Analyses of RNA-seq data and AS events

SpliceSeq is a java application for the visualization and quantitation of splice junctions and exon proportions included in TCGA data. We defined seven AS subtypes for sarcomas: exon skip (ES), mutually exclusive exons (ME), retained intron (RI), alternate promoter (AP), alternate terminator (AT), alternate donor site (AD), and alternate acceptor site (AA).

Selection of survival-related AS events

Analyses of patient survival data were made using the survival package in R software (http://cran.r-project.org/package=survival), and the level of significance was set at P < 0.05.

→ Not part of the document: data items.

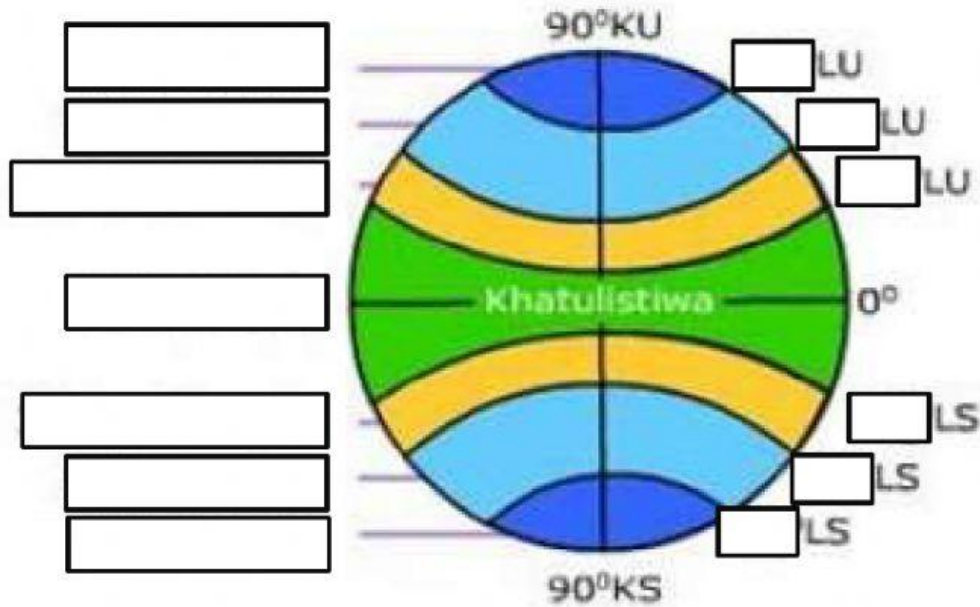

Isilah kotak kosong berikut dengan nama iklim dan derajat koordinat yang tepat!

Isilah kotak kosong berikut dengan jenis iklim Koppen yang sesuai dengan kotak deskripsi dan berikanlah contoh daerahnya satu saja!

Hutan hujan tropis		Contoh:
Iklim mesothermal lembap dengan musim panas kering		Contoh:
Iklim Tundra		Contoh:
Iklim Salju Pegunungan Tinggi		Contoh:
mesothermal lembap dan lembap sepanjang tahun.		Contoh:

Network analysis for AS-related genes

For the analysis of gene-network interactions, we used the STRING database (http://string-db.org/), and applied a threshold score > 0.4. Data visualization was performed using Cytoscape (https://cytoscape.org/).

A prognosis model based on ten hub genes

We performed a multivariate analysis of the gene expression data using the Cox proportional hazard-regression model. We identified the ten AS-related genes that demonstrated the most significant expression-profile changes, and then used these hub genes to create a prognostic model and for survival analyses. In addition, we determined the correlations between the expression profiles of these ten hub genes and overall patient survival based on Kaplan–Meier plots (https://kmplot.com/).

Correlations between AS subtypes and prognoses

We systematically explored patient prognoses associated with AS-subtype events and calculated AS-event distributions. We then determined the correlations between prognosis-related genes and these AS-event distributions.

Biological functions analysis

To determine the functions of the prognostic genes that were significantly related to AS events, we used KOBAS 3.0 (http://kobas.cbi.pku.edu.cn/), a web-based tool for gene/protein functional annotation and pathway-enrichment analysis.

Prognostic model construction

Characteristic genes were selected as being significantly prognostic with Pearson correlation coefficients of more than 0.5 or less than − 0.5. To construct our prognostic model, we used these prognostic genes and the frequencies of AS events, to develop a sarcoma prognostic index.

An analysis of prognosis-related genes

To determine correlations between levels of gene transcription and variable-splicing prognoses, we used a univariate analysis of AS-sequence profiles using TCGA RNA-seq data for associated genes to determine the impact of AS events on sarcoma prognosis.